Monday, August 17, 2020

Life upon the wicked stage can be a trial

I picked up Anne Enright's new novel Actress although I'd never heard of the author or the book. I did not read the flap copy although I did look at the back cover praise, which told me Enright is a Man Booker Prize winner so how much of a risk was I taking? 

Coming to a book or a movie without having read the reviews means you come to it almost naked although not entirely because if Enright is a prize winner and has published ten books she has to have something. But this new novel, was entirely fresh to me and I read it perhaps the best way, without expectations, without assumptions. 

By writing this, I am, to some extent, taking the edge off your opportunity to experience the same pleasure. But I'm going ahead in the hope you'll read Actress anyway.

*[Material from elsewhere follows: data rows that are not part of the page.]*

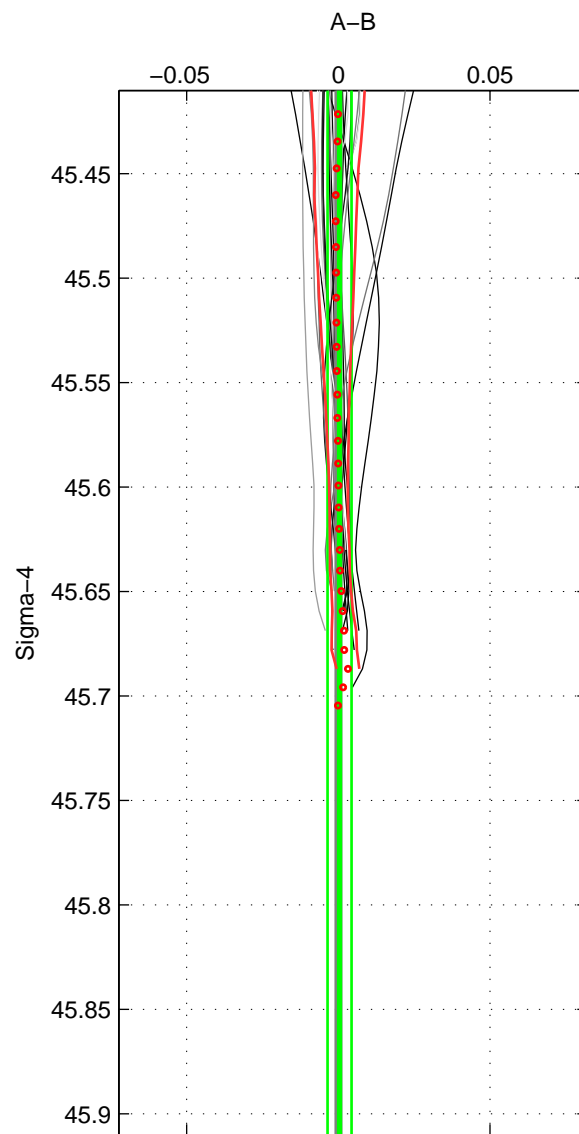

Cruise A (red). Date: Jul 2005 Cruisename: 669-49UF20050615

Cruise B (blue). Date: Oct 2000 Cruisename: 691-49UP20000920

*** "Favourite" values are means of spaces 1 2.

	Offset	O.StDev	Ratio	R.Stdev	Rating
SIGMA:	0.000	0.004	1.000	0.000	5
THETA:	0.001	0.006	1.000	0.000	5
DEPTH:	-0.008	0.002	1.000	0.000	3
FAV.:	0.001	0.005	1.000	0.000	5

Profiles of A: 22
 Profiles of B: 16
 Diff profs : 28
 WMoffset (A-B): 0.00036369
 WMoffset stdev: 0.0039416
 WMratio (A/B): 1
 WMratio stdev: 0.00011396

Quality (1-5): 5

Profiles of A: 22
 Profiles of B: 16
 Diff profs : 28
 WMoffset (A-B): 0.0010527
 WMoffset stdev: 0.0060752
 WMratio (A/B): 1
 WMratio stdev: 0.00017574

Quality (1-5): 5

Profiles of A: 22
 Profiles of B: 16
 Diff profs : 28
 WMoffset (A-B): -0.0084538
 WMoffset stdev: 0.0020134
 WMratio (A/B): 0.99976
 WMratio stdev: 5.8434e-05

Quality (1-5): 3

Please note that statistics are bad.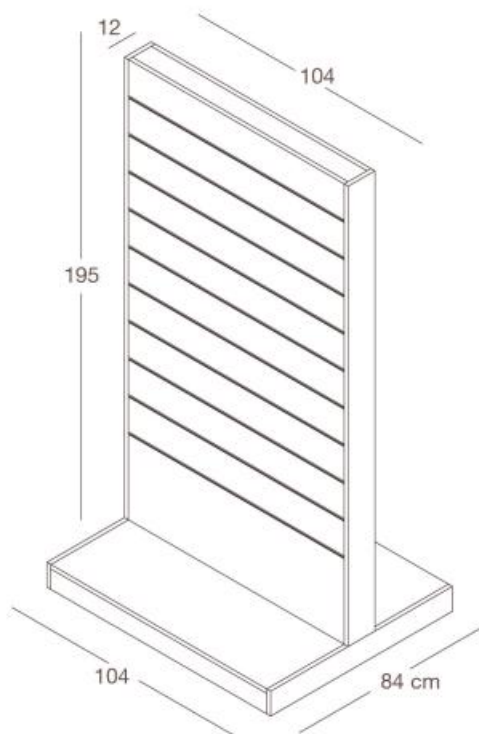

ESPOSITORE RETRO VETRINA
DISPLAY FOR SHOP WINDOW

DGFV / L - N
espositore retro vetrina
in nobilitato
display for shop window
in faced panel
L104 x P84 x H195 cm

possibilità di aggiunta ruote
wheels on request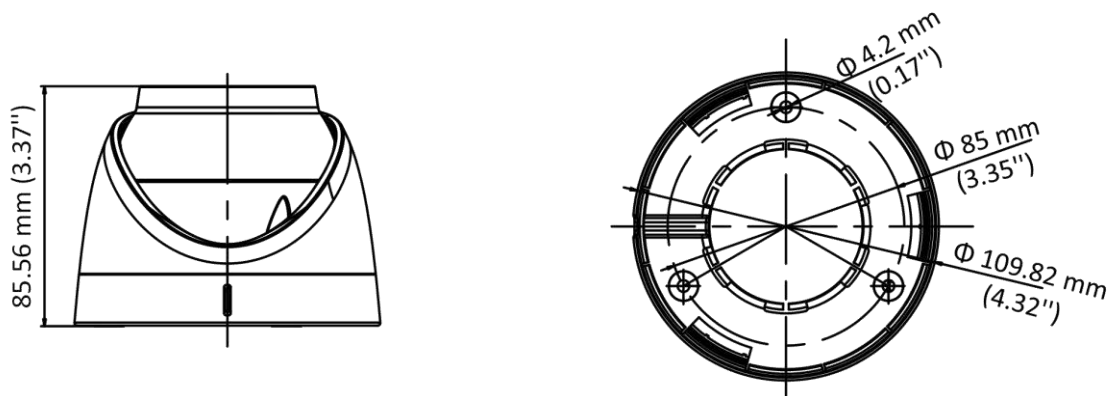

Specification

Camera	
Image Sensor	5 MP CMOS
Signal System	PAL/NTSC
Resolution	2560 (H) × 1944 (V)
Frame Rate	TVI: 5MP@20fps, 4MP@30fps, 4MP@25fps, 1080p@30fps, 1080p@25fps CVI: 4MP@30fps, 4MP@25fps AHD: 5MP@20fps, 4MP@30fps, 4MP@25fps CVBS: PAL/NTSC
Min. illumination	0.0005 Lux @ (F1.0, AGC ON), 0 Lux with White Light
Shutter Time	PAL: 1/25 s to 1/50, 000 s NTSC: 1/30 s to 1/50, 000 s
Slow Shutter	Max. 16 times
Lens	3.6 mm, 6 mm fixed lens
Horizontal Field of View	80.1° (3.6 mm), 49.3° (6 mm)
Lens Mount	M16
Day & Night	Color
WDR (Wide Dynamic Range)	≥130 dB
Angle Adjustment	Pan: 0 to 360°, Tilt: 0 to 75°, Rotation: 0 to 360°
Menu	
White Light	Auto/Off
Image Mode	STD/HIGH-SAT
AGC	Yes
Day/Night Mode	Color
White Balance	Auto/Manual
AE (Auto Exposure) Mode	WDR/BLC/HLC/Global/HLS/Anti-banding
Privacy Mask	4 programmable privacy masks
Motion Detection	4 programmable motion areas
Noise Reduction	3D DNR
Language	English
Function	Brightness, Sharpness, Mirror, Smart Light
Interface	
Video Output	Switchable TVI/AHD/CVI/CVBS
General	
Operating Conditions	-40 °C to 60 °C (-40 °F to 140 °F), humidity 90% or less (non-condensing)
Power Supply	12 VDC ± 25% <i>*You are recommended to use one power adapter to supply the power for one camera.</i>
Power Consumption	Max. 3.5 W
Protection Level	IP67
Material	Main Body: Metal Enclosure: Plastic

White Light Range	Up to 20 m
Communication	HIKVISION-C
Dimensions	Φ 109.82 mm × 85.56 mm (4.32" × 3.37")
Weight	Approx. 350 g (0.77 lb.)

Available Model

DS-2CE72HFT-F

Dimension

Accessory

DS-1272ZJ-110-TRS
Wall Mount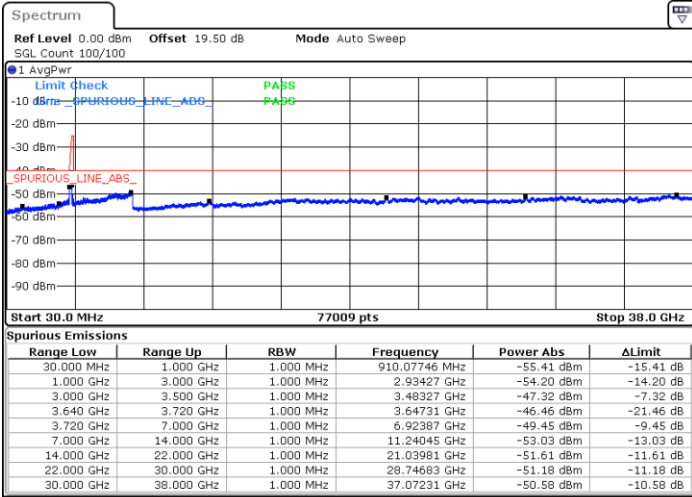

Highest Channel / 1RB99 and 1RB0

Date: 23.FEB.2021 14:22:02

Date: 23.FEB.2021 14:17:28

Highest Channel / FullIRB

N/A

Date: 23.FEB.2021 14:26:36

LTE Band 48C / 20MHz+15MHz

16QAM

Lowest Channel / 1RB0 and 1RB74

Lowest Channel / 1RB99 and 1RB0

Date: 23.FEB.2021 15:13:33

Date: 23.FEB.2021 15:08:59

Lowest Channel / FullIRB

N/A

Date: 23.FEB.2021 15:18:07

LTE Band 48C / 20MHz+15MHz

LTE Band 48C / 20MHz+15MHz

16QAM

Highest Channel / 1RB0 and 1RB74

Highest Channel / 1RB99 and 1RB0

Date: 23.FEB.2021 15:40:57

Date: 23.FEB.2021 15:36:23

Highest Channel / FullIRB

N/A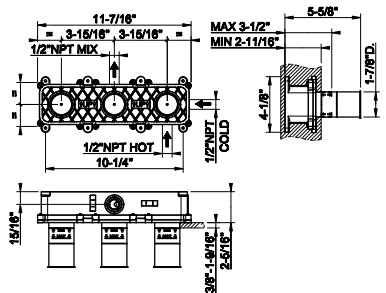

54139+73636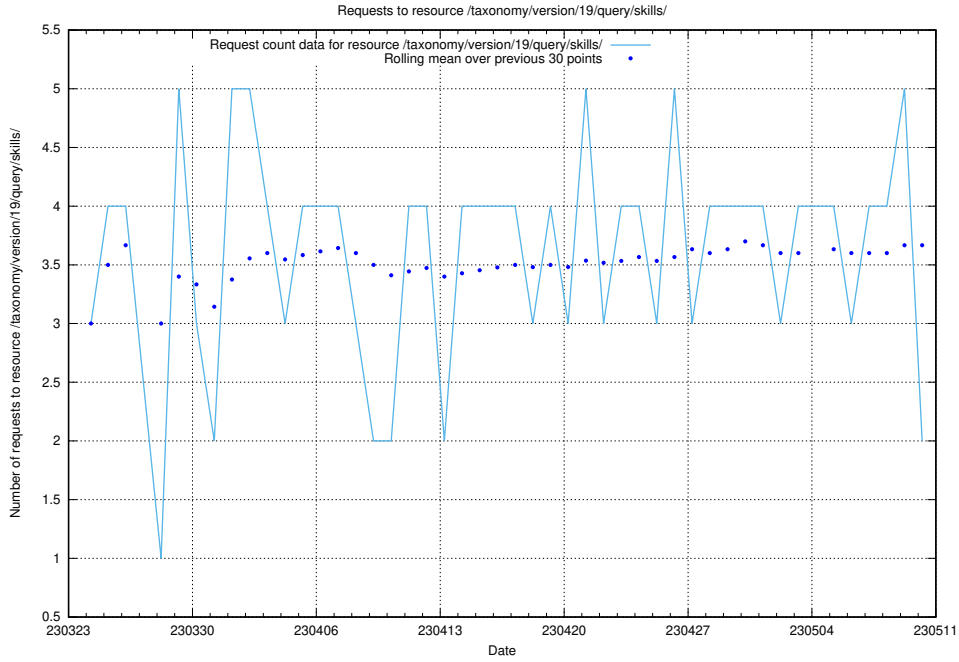

### 5.944 Usage of /taxonomy/version/19/query/skills/

Here, we count the number of requests to resource /taxonomy/version/19/query/skills/.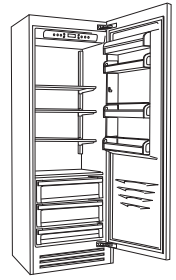

Product Features

Integrated Column Series

F136RC-LO
F136RC-RO

F130RC-LO
F130RC-RO

Specifications

Outside Dimensions			
Width	in	35 3/8"	29 1/2"
Height	in	84"	84"
Depth	in	24"	24"
Weight Net	lb	474	430
Niche Dimensions			
Height	in	84"	84"
Width	in	36"	30"
Depth	in	24"	24"
Door Clearance	in	57 7/8"	52"
Door Opening Angle	°<	105	105

Technical Specifications

Gross capacity	cbft	21.4	17
Bottle Capacity	bott	-	-

Features

Fridge/Freezer Compartment			
Shelves		3	3
Door Bins		4	4
Drawers		3 Low Temp	3 Low Temp
Riserva Compartment			
Shelves		-	-
Wine Cellar Compartment			
Shelves		-	-

Model Options

Door Opening Left/Right	L/R	✓	✓
Ice Maker	i	-	-

**FI24RC-LO
FI24RC-RO**

**FI24WCR-LGO
FI24WCR-RGO**

Freezer Column

**FI30FCi-LO
FI30FCi-RO**

**FI24FCi-LO
FI24FCi-RO**

Must be ordered in combination with Fridge column.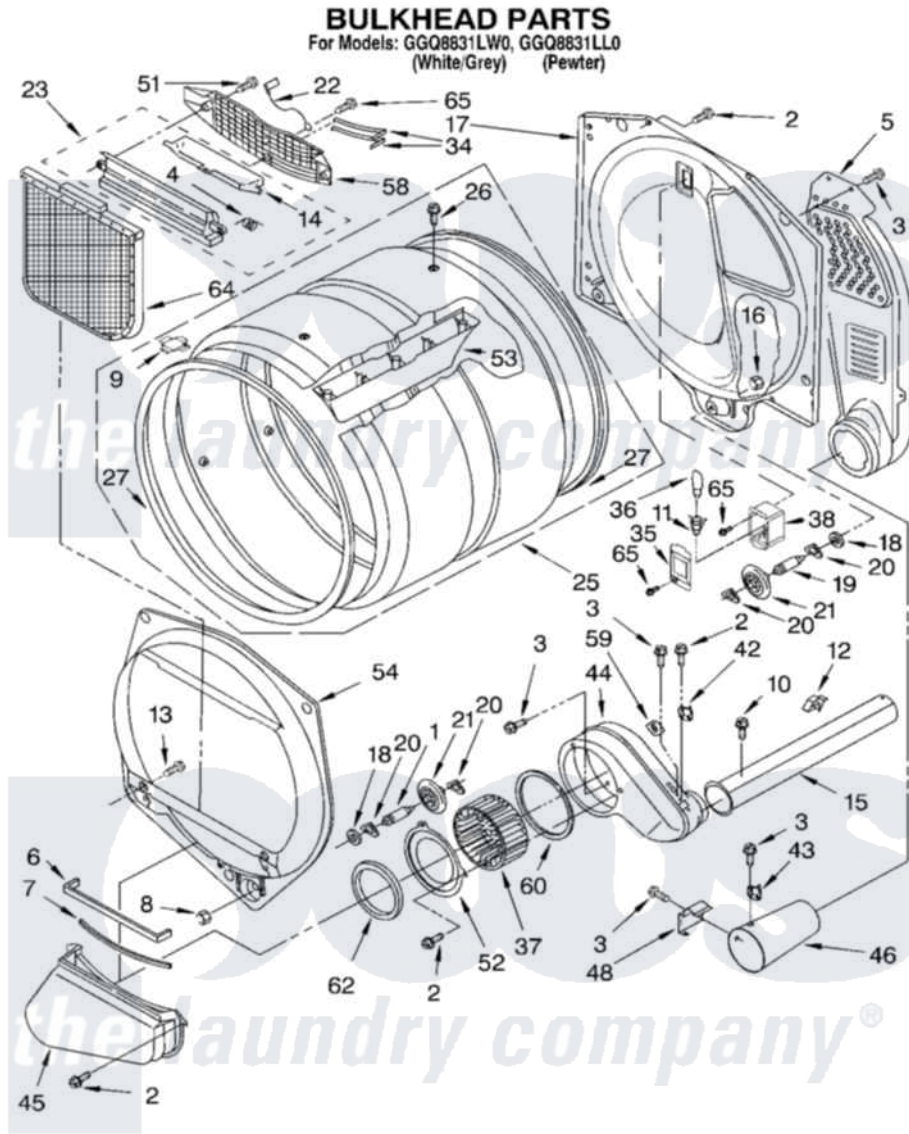

# Whirlpool GGQ8831LW0 03 - BULKHEAD PARTS

8180019

5

Whirlpool [Residential Whirlpool GGQ8831LW0 Dryer Parts](#) Parts Diagram 03 - BULKHEAD PARTS  
Click on the part number to view part

Item	Original Part Number	Replaced By	Status	Part Description
1	3399508	<a href="#">W10359271</a>		Shaft, Drum Roller Threads
2	3390647	<a href="#">488729</a>		Screw
3	<a href="#">90767</a>			Screw, 8A X 3/8 HeX Washer Head Tapping
4	<a href="#">3394986</a>			Spring, Lint Screen Door
5	<a href="#">3394346</a>			Air Duct Assembly
6	<a href="#">697813</a>			Seal, Outlet Housing
7	697814	<a href="#">697813</a>		Seal, Outlet Housing
8	<a href="#">3359452</a>			Nut, Lock
9	<a href="#">8066086</a>			Plug, Drum Hole
10	3390646	<a href="#">W10139210</a>		Screw, 8-18 X 5/16
11	3403634	<a href="#">W10136369</a>		Socket, Drum Light Assembly
12	<a href="#">3388229</a>			Retainer, Toe Panel
13	695240	<a href="#">488729</a>		Screw
14	3394984	<a href="#">8563758</a>		Door, Lint Screen
15	8318486	<a href="#">279936</a>		Kit-Exhst
16	<a href="#">3387709</a>			Nut, 3/8-16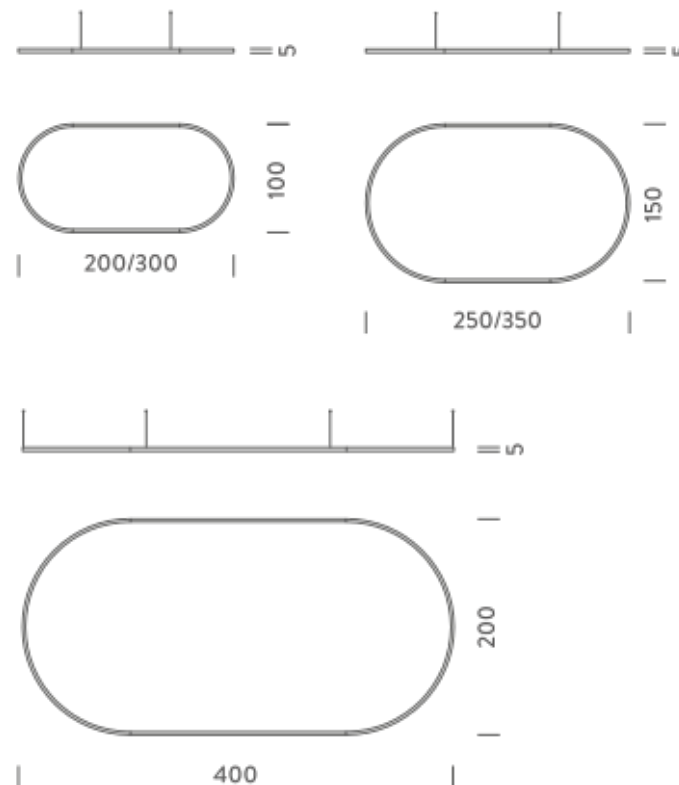

2,5X1,5M | UP - DOWNLIGHT - 4000K

LAMPING

Source	Linear LED
Total power	193W
Emission	Diffused orientable
Switching	DALI 1-100%
Tension	220/240V
Color temperature	4000K
Luminous flux	13152lm
Typ CRI	90
Energy class	D
IP class	40
Dimensions	250x150x5cm
Materials	Aluminium
Notes	included: 1 driver WALIM250W24VIN, 1 dimmer interface WDIMDALIHP, 4x electrical cables 5m, 6x adjustable metal cables length 3m (including ceiling attachment). Shipped in 4 pieces
Customization options	Shapes, sizes
Accessories	Canopy, for concrete ceiling Ceiling plate, for false ceiling
Net lamp weight	8,1 kg

Codes

BZRO17B25G15NBO
BZRO17B25G15NNE
BZRO17B25G15NOR

Structure

white
black
gold

PACKAGE

Package 01 Dimension: 160x160x15 cm / Gross weight: 11,6 kg

Certificazioni

3,5X1,5M | DOWNLIGHT - 2700K

LAMPING

Source	Linear LED
Total power	125W
Emission	Diffused orientable
Switching	DALI 1-100%
Tension	220/240V
Color temperature	2700K
Luminous flux	7255lm
Typ CRI	90
Energy class	E
IP class	40
Dimensions	350x150x5cm
Materials	Aluminium
Notes	included: 1 driver WALIM150W24VIN, 1 dimmer interface WDIMDALIHP, 1x electrical cable 5m, 6x adjustable metal cables length 3m (including ceiling attachment). Shipped in 4 pieces
Customization options	Shapes, sizes
Accessories	Canopy, for concrete ceiling Canopy box, 1 driver, 1 electrical cable Ceiling plate, for false ceiling
Net lamp weight	9,1 kg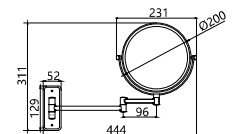

Wall-Mounted Mirrors Series
墙镜系列

Wall-Mounted Mirrors Series
墙镜系列

WN204-S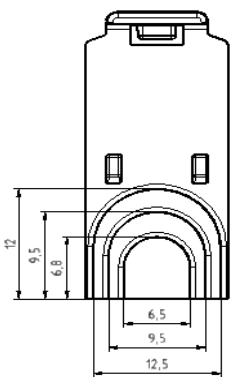

Product data	
Product code	Product name
OD02-0564	Terminal shroud OTL 50 mm ²
OD02-0548	Terminal shroud OTL 95 mm ²
OD02-0550	Terminal shroud OTL 150 mm ²
OD02-0551	Terminal shroud OTL 240 mm ²

Installation

Remove cover that matches the outside diameter of the cable

Press the terminal shroud into its place

OD02-0564

OD02-0548

OD02-0550

OD02-0551

It is a novel in the form of a memoir. The narrator is an Irish woman, Norah FitzMaurice, who is a novelist writing about her actress mother, Katherine O'Dell. One of the many reasons I like the novel is because Enright ignores the advice for how to write a novel: inciting incident followed by rising action reaching a climax and denouement. I'm not sure Actress has a plot any more than any life has a plot.

Enright, writing from Norah's point of view throughout explores, Kate's history, her grandparents' history, her own sexual and romantic history, Ireland's recent history with Bloody Sunday and The Troubles in Northern Ireland. There is no father and that's one of the threads the author uses to pull readers through the book. Will Norah discover her father?

Another thread—and this is hardly a spoiler because it appears on page 16 at the end of the first chapter—is Katherine's shooting film producer Boyd O'Neill in the foot. By that time she does it, Katherine has been a star in American movies, on Broadway, on Dublin stages, and on Irish television (most famous for appearing in a classic Irish butter commercial.)

Because Norah seems to share characteristics with Enright ("I have written five novels . . ." p249; "Anne Enright is the author of five novels . . . " flap copy), and because the writing is so particular, so vivid, and so apt would be easy to believe that Norah is Enright thinly disguised despite the author's disclaimer. But, as Enright said in a 2008 interview, "My father is a retired civil servant—my mother is also a retired civil servant but she retired very early after she got married." So Katherine O'Dell—beautiful, sparkling, careless—is not Enright's mother.

But who cares? It is some kind of fallacy to confuse an author with her character. You read Actress for passages like this: "He was the kind of man who always knew better than the person he was speaking to. Boyd love an inaccuracy, because an inaccuracy could render everything else you said void. It was just a trick. And the copyright trick was another trick. As his authority began to fall apart for me, I see him as a series of half-lies and, perhaps frightened, manipulations, he was always ahead of you, Boyd . . . "

Another pleasure of the book is Enright's description of marriage: "In the morning, I can tell without opening my eyes where the window is, and if it faces the dawn. I sweep my hand in an arc across the sheet to find you recently gone, a thermal ghost in the cotton. Or the bed is cold. Or I bump agains you, a slight shock of skin roughened by hair and you do not stir. I leave my hand there until you wake. There is a moment of silence. Of silent wakefulness. And then you turn. It always amazes me. Even though I have dragged you from your dream, you are pleased to see me there. It feels like forgiveness, every time."

How wonderful to read about a woman who has been married for thirty years and is still in love with her husband. I'm glad Katherine O'Dell was not my mother, but I'm glad Enright created her.